For the next year and a half, I failed to land another book project, and it wasn’t for lack of trying. Amidst the magazine writing and the part-time gig, three other well-developed ideas failed to launch. I was working through one of them with my agent’s then-assistant, Farley Chase, growing increasingly frustrated – with the idea, not with Farley – when I swore, “Dude, you’re not going to like hearing this, but this isn’t the book I really want to write. I want to write one about the CNAC Hump fliers. I think about that story every day. I can’t wrap my head around the fact that it didn’t sell.”
Rather than telling me to get stuffed for wasting so much of his time, Farley asked me to send him the rejected proposal.
I hadn’t looked at it in 18 months, not quite being able to face the failure, but I attached it to an email and sent it east regardless.
Farley took it home and read it and called me the next day: “Two things. One, you’re right, it’s a great story. Two, your proposal doesn’t do it justice. Read it again and we’ll talk.”
I swallowed my ego and did as I was told and lo! Farley was right. The first China’s Wings proposal hadn’t sold because it wasn’t any good.
Sure, I’d included great anecdotes, but as the next six years of research and writing would teach me, there’s no end of phenomenal anecdotes about the China National Aviation Corporation. I just hadn’t given the proposal any structure. I’d tossed good meat in front of my potential editors, but I hadn’t given them any skeleton from which to hang it. Without that skeleton, they couldn’t envision a finished book, and if a book proposal has one single overriding mission, it’s to make an editor clearly see the finished book.
In that, I’d definitely failed.
With Farley’s guidance, I invested another six weeks in revising the China’s Wings proposal yet again. However, much as I loved the story, I was also full of dread. I really was clinging to the end of the rope. As a writer, another rejection would drop me into free fall.

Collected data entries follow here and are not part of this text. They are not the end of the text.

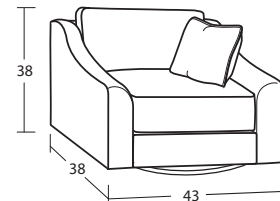

INDIVIDUAL PIECES

00BD OTTOMAN
35W x 25D x 22H

**01BD COCKTAIL OTTOMAN
W/ CASTERS**
36W x 36D x 20H

20BD CHAIR 1/2
43W x 38D x 38H
1- 20" A Pillow

20BDSC SWIVEL CHAIR 1/2
43W x 38D x 38H
1- 20" A Pillow

54BD 3 SEAT SOFA
97W x 38D x 38H
2- 20" A Pillows
2- 20" B Pillows

50BD 2 SEAT SOFA
88W x 38D x 38H
2- 20" A Pillows
2- 20" B Pillows

SECTIONAL PIECES

13BD ARMLESS CHAIR
28W x 38D x 38H

34BD CORNER
38W x 38D x 38H
2- 20" A Pillows
1- 20" B Pillows

32BD LAF LOVESEAT
63W x 38D x 38H
1- 20" A Pillow
1- 20" B Pillow

31BD RAF LOVESEAT
63W x 38D x 38H
1- 20" A Pillow
1- 20" B Pillow

56BD LAF SOFA w/ RETURN
101W x 38D x 38H
3- 20" A Pillows
2- 30" B Pillows

55BD RAF SOFA w/ RETURN
101W x 38D x 38H
3- 20" A Pillows
2- 20" B Pillows
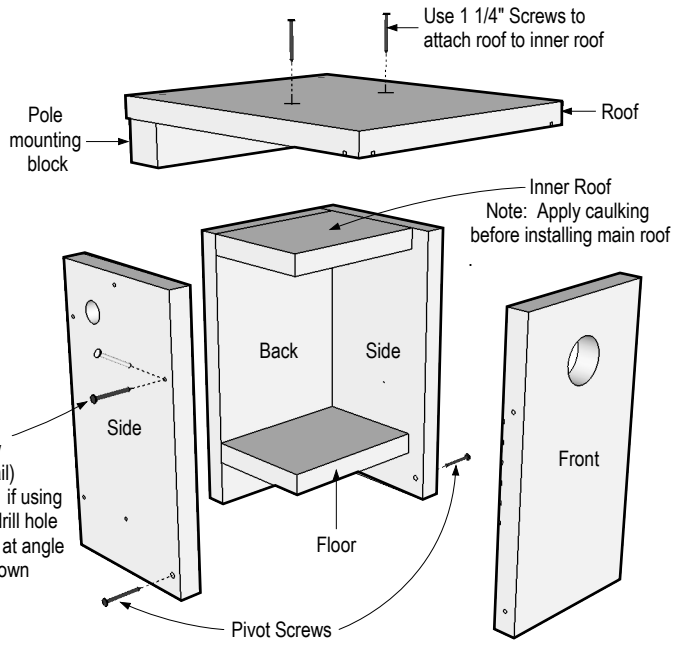

- | Materials | |
|-------------------------------|----------------------------------|
| Lumber | |
| (1) | 1 x 10 x 11" (Roof) |
| (4) | 1 x 6 x 10" (Front, sides, back) |
| (1) | 1 x 6 x 4" (Floor) |
| (1) | 1 x 6 x 4" (Inner roof) |
| (1) | 2 x 2 x 9" (Pole mounting block) |
| Exterior screws | |
| 1 5/8" | (general assembly) |
| 1 1/4" | (roof to inner roof) |
| 2" | (pole mounting block to back) |
| Caulk/sealant/adhesive | |
| Mounting | |
| (5') | 1/2" metal conduit |
| (4' - 5') | rebar (stake) |

Side View

Front View

Pole mounting block
2 x 2 (1 1/2" x 1 1/2")

Xbox Bluebird Nestbox		
Drawn by: Fred Stille, Sr.	Version 8, March 1, 2011	Page 1 of 1
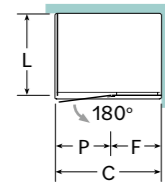

ACABAMENTOS · FINISHINGS · FINITIONS

VIDRO GLASS VIDRO

Transparente
Transparent
Transparent

Novaglass
Opaque

Foscagem Jacto Areia
Sandblasting
Sablage

Anti-calcário
Coating
Anti-calcaire

PERFIS PROFILE PROFIL

Cromado
Chromed
Chromed
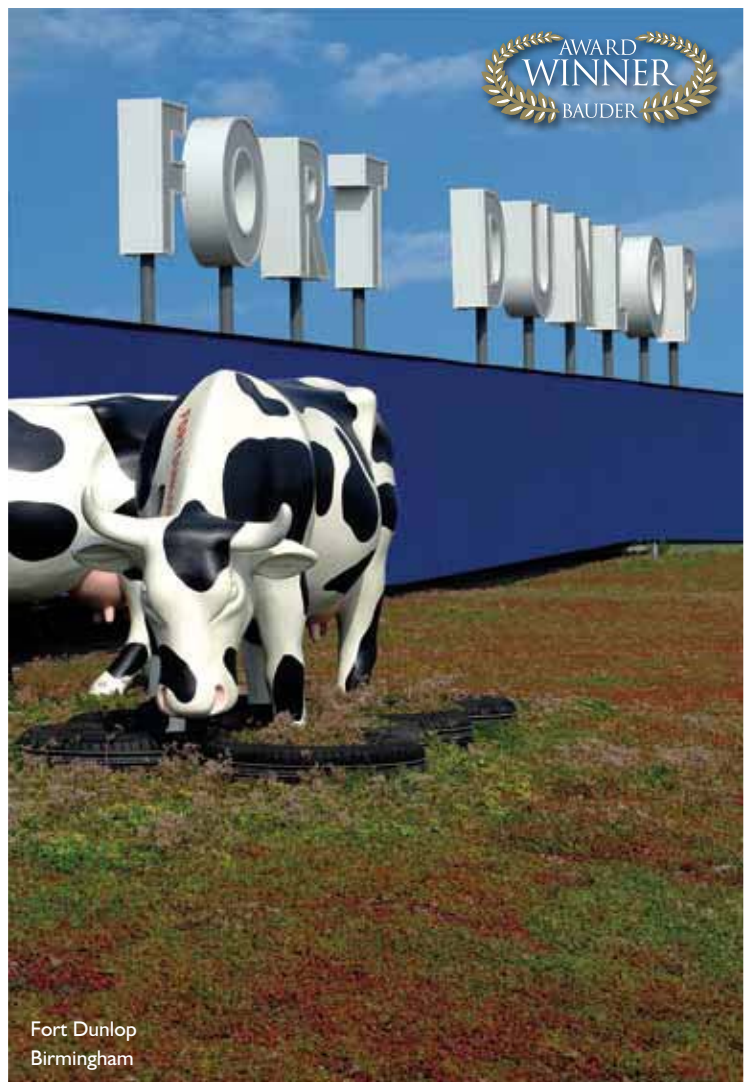

Mount St. Vincent
Co Limerick

Fort Dunlop
Birmingham
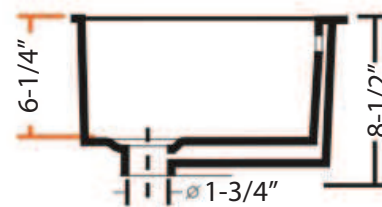

FEATURED MODEL  
SVC1912, 6-1/4" bowl depth

FEATURES

- \* Non-porous vitreous china
- \* High gloss enamel coating resists spills, scratches and other imperfections
- \* \*ADA compliant when installed in a 24" minimum depth countertop
- \* Drain and faucet sold separately

Model #	SVC1912WH	SVC1912BT
Color	White	Biscuit
Material	Vitreous China	Vitreous China
Finish	Enameled	Enameled
Mount Options	Under-mount	Under-mount
Overflow	Yes	Yes
Drain Size	1-3/4"	1-3/4"
ADA Compliant	*Yes	*Yes

NOMINAL DIMENSIONS Model SVC1912WH shown

OVERALL	BOWL DEPTH	DRAIN
21" x 14-1/2"	6-1/4"	1-3/4"

WARRANTY

Serenity Sinks Stainless sinks feature a LIMITED LIFETIME WARRANTY to be free of all manufacturing defects under normal use.

I fedexed the finished proposal on a Wednesday, scheduled to hit editors’ desks on Friday. (Which is neat to ponder from my current perspective, considering what I now know about the strong CNAC/Fedex connection — I doubt many Fedex employees know about it, and it’s a fascinating aspect of their company’s heritage.) Editors do their reading over weekends. Monday was silent, and I suffered. Tuesday was not. My agent, Ronald Goldfarb, fielded offers from several publishing houses. Wednesday afternoon, Bantam Dell bought it for a handsome fee.
I’d stepped out of my apartment to take Ronald’s call and heard the news on the white concrete around the complex’s pool. I staggered upstairs, collapsed on my bed, pulled a blanket over my head, and sobbed tears of relief.
I flew to New York to ink the contract and meet my “acquiring editor”, John Flicker.